Abstract
Highly ordered titanium dioxide nanotubes (TiO2 NTs) were fabricated through anodization and tested for their applicability as model electrodes in electrosorption studies. The crystalline structure of the TiO2 NTs was changed without modifying the nanostructure of the surface. Electrosorption capacity, charging rate, and electrochemical active surface area of TiO2 NTs with two different crystalline structures, anatase and amorphous, were investigated via chronoamperometry, cyclic voltammetry, and electrochemical impedance spectroscopy.

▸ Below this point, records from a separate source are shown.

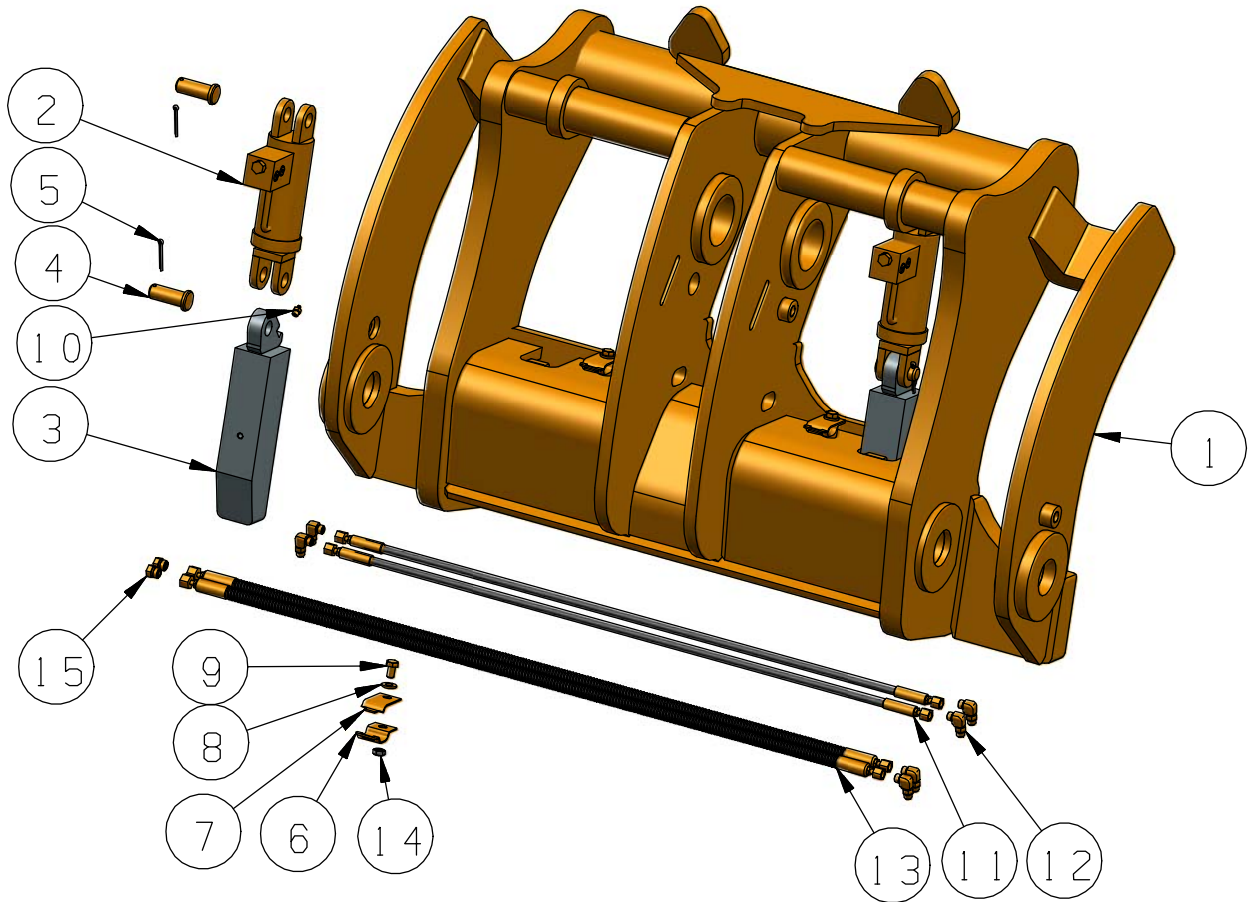

**COUPLER GP-QUICK
310-9390B (966H)**

15	165-4934B	PLUG AS.-ORFS	2	8	8T-4223B	WASHER (12)	3
14	8T-4244B	NUT (M12x1.75)	1	7	7G-2951B	CLIP-2 PIECE	3
13	323-5871B	HOSE AS.	2	6	7G-2950B	CLIP-2 PIECE	3
12	B148-8316	ADAPTER AS.	6	5	3B-4631B	COTTER (4.6x50)	4
11	135-4061B	HOSE AS.	2	4	192-5881B	PIN	4
10	3B-8489B	ADAPTER-STR	2	3	312-0217B	WEDGE AS.	2
9	8T-4179B	BOLT (M12x1.75x20)	3	2	361-2507B	CYL GP-(452-2509)	2
PC NO	PART NO.	PART NAME	QTY	1	375-7131B	FRAME AS.	1
PC NO	PART NO.	PART NAME	QTY

The highest electrosorption capacities and charging rates were obtained for the anatase TiO2 NTs, largely because anatase TiO2 has a reported higher electrical conductivity and a crystalline structure that can potentially accommodate small ions within. Both electrosorption capacity and charging rate for the ions studied in this work follow the order of Cs+ > Na+ > Li+, regardless of the crystalline structure of the TiO2 NTs. This order reflects the increasing size of the hydrated ion radii of these monovalent ions. Additionally, larger effective electrochemical active surface areas are required for larger ions and lower conductivities. These findings point towards the fact that smaller hydrated-ions experience less steric hindrance and a larger comparative electrostatic force, enabling them to be more effectively electrosorbed.
Highlights
The properties of charged interfaces and the electrosorption of ions on charged surfaces have a remarkable influence on the kinetics of various electrochemical processes, including those having technological importance such as water desalination and energy storage [1,2,3,4]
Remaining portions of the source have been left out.